Requirement: The whole listing below must be printed again exactly, images excluded.

Start of Given records

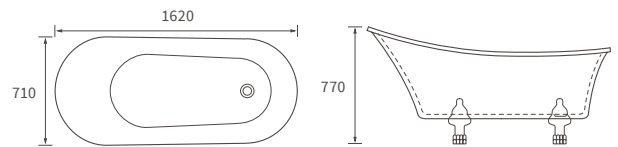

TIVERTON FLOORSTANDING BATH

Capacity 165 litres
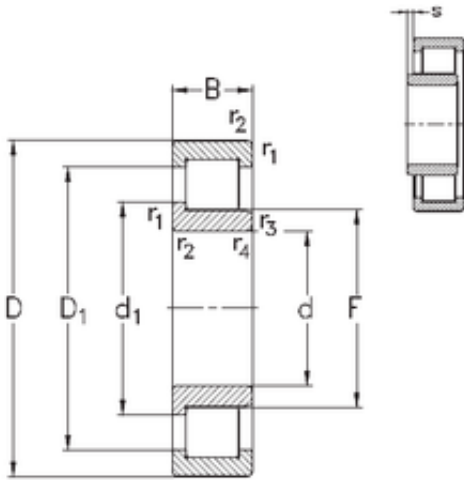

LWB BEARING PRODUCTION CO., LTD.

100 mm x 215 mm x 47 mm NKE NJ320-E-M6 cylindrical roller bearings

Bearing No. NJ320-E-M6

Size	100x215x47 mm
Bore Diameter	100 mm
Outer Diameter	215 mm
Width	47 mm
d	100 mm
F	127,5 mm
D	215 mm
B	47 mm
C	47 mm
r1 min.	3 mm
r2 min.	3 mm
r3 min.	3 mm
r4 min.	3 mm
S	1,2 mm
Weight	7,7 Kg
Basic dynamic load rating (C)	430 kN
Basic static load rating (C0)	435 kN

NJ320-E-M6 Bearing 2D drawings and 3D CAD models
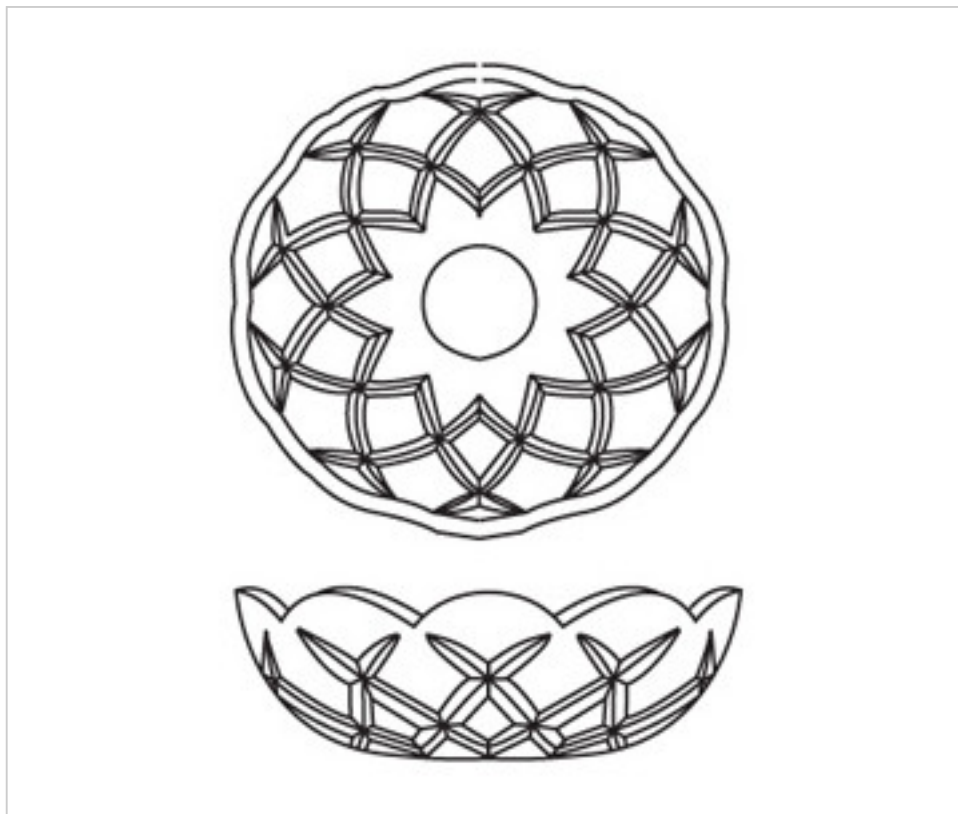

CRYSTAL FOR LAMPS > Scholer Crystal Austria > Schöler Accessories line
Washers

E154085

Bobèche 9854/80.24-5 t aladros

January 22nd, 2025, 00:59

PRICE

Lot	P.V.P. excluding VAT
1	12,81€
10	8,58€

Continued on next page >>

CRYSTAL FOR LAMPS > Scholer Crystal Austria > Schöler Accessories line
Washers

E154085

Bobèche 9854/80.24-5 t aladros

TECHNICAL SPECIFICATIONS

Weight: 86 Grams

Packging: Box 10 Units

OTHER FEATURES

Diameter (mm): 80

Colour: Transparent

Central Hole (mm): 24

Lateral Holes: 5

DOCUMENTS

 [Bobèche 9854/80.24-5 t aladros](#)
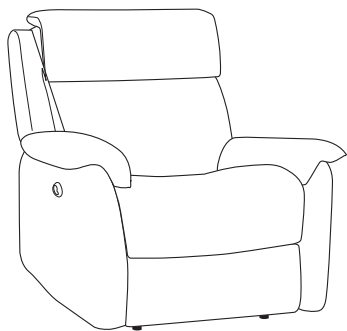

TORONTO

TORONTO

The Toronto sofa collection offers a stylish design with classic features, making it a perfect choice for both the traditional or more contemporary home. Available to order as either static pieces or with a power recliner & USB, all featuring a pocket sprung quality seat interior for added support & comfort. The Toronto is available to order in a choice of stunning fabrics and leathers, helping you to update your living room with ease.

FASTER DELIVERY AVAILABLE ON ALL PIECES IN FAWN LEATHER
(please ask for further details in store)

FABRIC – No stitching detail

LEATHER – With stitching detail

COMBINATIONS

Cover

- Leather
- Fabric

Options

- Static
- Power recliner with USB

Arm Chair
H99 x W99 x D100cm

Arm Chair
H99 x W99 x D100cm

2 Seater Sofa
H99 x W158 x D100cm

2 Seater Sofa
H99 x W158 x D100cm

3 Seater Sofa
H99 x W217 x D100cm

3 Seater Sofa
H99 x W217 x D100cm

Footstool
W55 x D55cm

End of Given records

Solution for this exercise:
TIVERTON FLOORSTANDING BATH

Capacity 165 litres

LWB BEARING PRODUCTION CO., LTD.

100 mm x 215 mm x 47 mm NKE NJ320-E-M6 cylindrical roller bearings

Bearing No. NJ320-E-M6

Size	100x215x47 mm
Bore Diameter	100 mm
Outer Diameter	215 mm
Width	47 mm
d	100 mm
F	127,5 mm
D	215 mm
B	47 mm
C	47 mm
r1 min.	3 mm
r2 min.	3 mm
r3 min.	3 mm
r4 min.	3 mm
S	1,2 mm
Weight	7,7 Kg
Basic dynamic load rating (C)	430 kN
Basic static load rating (C0)	435 kN

NJ320-E-M6 Bearing 2D drawings and 3D CAD models

CRYSTAL FOR LAMPS > Scholer Crystal Austria > Schöler Accessories line
Washers

E154085

Bobèche 9854/80.24-5 t aladros

January 22nd, 2025, 00:59

PRICE

Lot	P.V.P. excluding VAT
1	12,81€
10	8,58€

Continued on next page >>

CRYSTAL FOR LAMPS > Scholer Crystal Austria > Schöler Accessories line
Washers

E154085

Bobèche 9854/80.24-5 t aladros

TECHNICAL SPECIFICATIONS

Weight: 86 Grams

Packging: Box 10 Units

OTHER FEATURES

Diameter (mm): 80

Colour: Transparent

Central Hole (mm): 24

Lateral Holes: 5

DOCUMENTS

 [Bobèche 9854/80.24-5 t aladros](#)

TORONTO

TORONTO

The Toronto sofa collection offers a stylish design with classic features, making it a perfect choice for both the traditional or more contemporary home. Available to order as either static pieces or with a power recliner & USB, all featuring a pocket sprung quality seat interior for added support & comfort. The Toronto is available to order in a choice of stunning fabrics and leathers, helping you to update your living room with ease.

FASTER DELIVERY AVAILABLE ON ALL PIECES IN FAWN LEATHER
(please ask for further details in store)

FABRIC – No stitching detail

LEATHER – With stitching detail

COMBINATIONS

Cover

- Leather
- Fabric

Options

- Static
- Power recliner with USB

Arm Chair
H99 x W99 x D100cm

Arm Chair
H99 x W99 x D100cm

2 Seater Sofa
H99 x W158 x D100cm

2 Seater Sofa
H99 x W158 x D100cm

3 Seater Sofa
H99 x W217 x D100cm

3 Seater Sofa
H99 x W217 x D100cm

Footstool
W55 x D55cm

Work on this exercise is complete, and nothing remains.